You have one problem with your JS:

var sendInfo = {
    Name: name,
    Address: address,
};

Trailing commas can cause problems in some browsers. Remove the comma from after address.

When making the HTTP request you can either:

  • Send JSON or
  • Send form encoded data

(There are other options, but these are the ones relevant to the code you are using)

Your JavaScript is sending form encoded data, but your PHP is trying to perform a weird mix of parsing both.

$sendInfo = file_get_contents('php://input');

Remove the above line. You are sending form encoded data. You don't need to get the raw input for manual parsing. PHP will parse form encoded data automatically and put it in $_POST.

$data = [];

Remove the above line. You never use $data.

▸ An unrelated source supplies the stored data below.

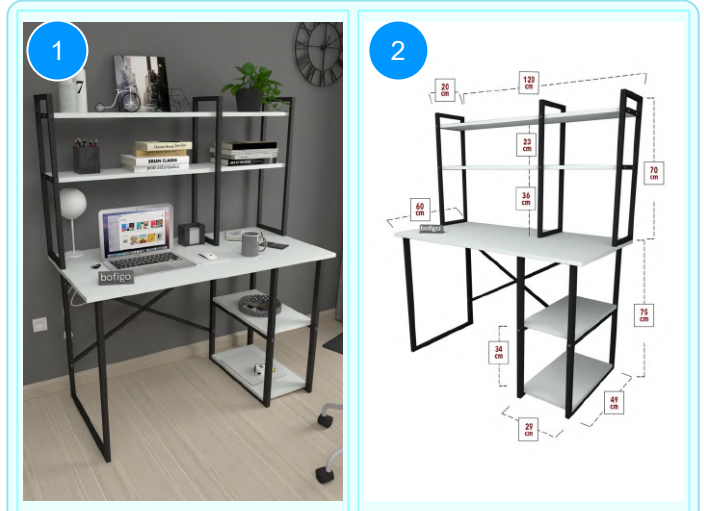

20-02-01-01 2 SHELVES METAL STUDY DESK

Colour	Width cm.	Height cm.	Depth cm.	Kg	CBM
WHITE	120	75	60	17	0,0623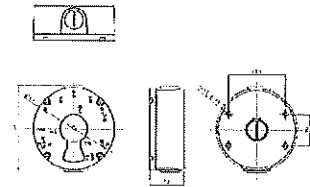

COMPATIBLE
WITH

CONCEPT PRO
IP RECORDING
RANGE

CVP5325DEIREL-IP5M/2.8

Concept Pro 5MP IP Enhanced Low Light
Fixed Compact External Dome Camera

Concept Pro

ACCESSORIES

CP-TM-1-V2

Concept Pro Small
In-ceiling/Tile Mount

DIMENSIONS

CP-BASE-1-V2

Concept Pro Small
Junction Box

CP-PM-1-V2

Concept Pro Small
Pendant Mount

CP-WM-1-V2

Concept Pro Small
Wall Mount

CP-PLM-V2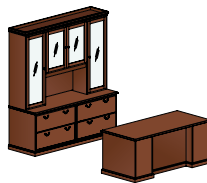

walden

casegoods & conference

walden

walden

*Antique Brass Pull
Center Drawer with Pencil Tray
Pull Out Writing Shelf*

functional design

Desks feature a pull out writing shelf and center drawer with pencil tray, adding function to the timeless design. Choose from glass, grill or wood overhead doors in varying sizes to suit your work style.

Walden

L-unit with lateral files
overall dimensions
112"W 136"D 28.75"H

pedestal desk with storage and glass doors
overall dimensions
74"W 104"D 80.5"H

u-unit with back workwall and grill doors
overall dimensions
74"W 108"D 80.5"H

table desk with storage
overall dimensions
110"W 104"D 79.125"H

conference desk with modular workwall
overall dimensions
110"W 104"D 79.125"H

u-unit with side workwall and wardrobe
overall dimensions
156"W 110"D 79.125"H

pedestal desk with storage and glass doors
overall dimensions
68"W 100"D 79.125"H

L-unit with run-off desk and modular storage
overall dimensions
132"W 86"D 79.125"H

conference table with storage
overall dimensions
200"W 72"D 79"H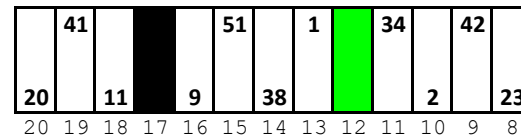

### Stall Color Key:

-  = Eliminated Pit Box: Is not in play and will not count towards driving through more than three pit boxes
-  = Monster Energy Pit Box: Is in play and will count towards driving through more than three pit boxes
-  = Vacant Pit Boxes: Are in play and will count towards driving through more than three pit boxes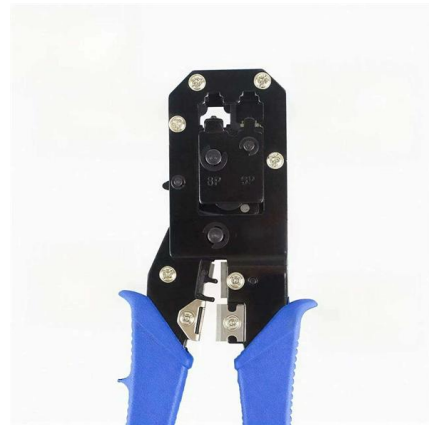

Surface-mounted electrical box for low-voltage wiring

Surface-mount Junction Boxes at Lowes

The excess is trimmed flush with the concrete. CANTEX LEZLV1-OW 1-gang EZ box old work low voltage bracket is used for low voltage installations in renovation

Amazon : Electrical Box Surface Mount

UKCOCO 5-Pack Wall Mounted Junction Boxes 4.72X2.87X1.37 Inch Electrical Surface Mount Outlet Boxes Plastic Case for Home Low Voltage Power Installation Add to cart

Surface-mount Low Voltage Electrical Boxes at Lowes

Find Surface-mount Low Voltage electrical boxes at Lowe's today. Shop electrical boxes and a variety of electrical products online at Lowes .

What Is A Low Voltage Box Used For?

Low voltage boxes, available in various configurations such as in-wall and surface-

$Name = $_POST['data']['name'];

You called the property Name in your JavaScript, not name. Be consistent. Change that to:

$Name = $_POST['data']['Name'];

Then:

$Address = $_POST['data']['Address'];

This should work fine by itself (given the JavaScript you have).

mysqli_query($con,"INSERT INTO offerSelected (Id, Url) VALUES ('$name', '$address')");

You called your variables $Name and $Address. Don't change them to $name and $address in the middle of your program.

Note, however, that once you fix that, you remain vulnerable to SQL injection attacks that you need to defend yourself from.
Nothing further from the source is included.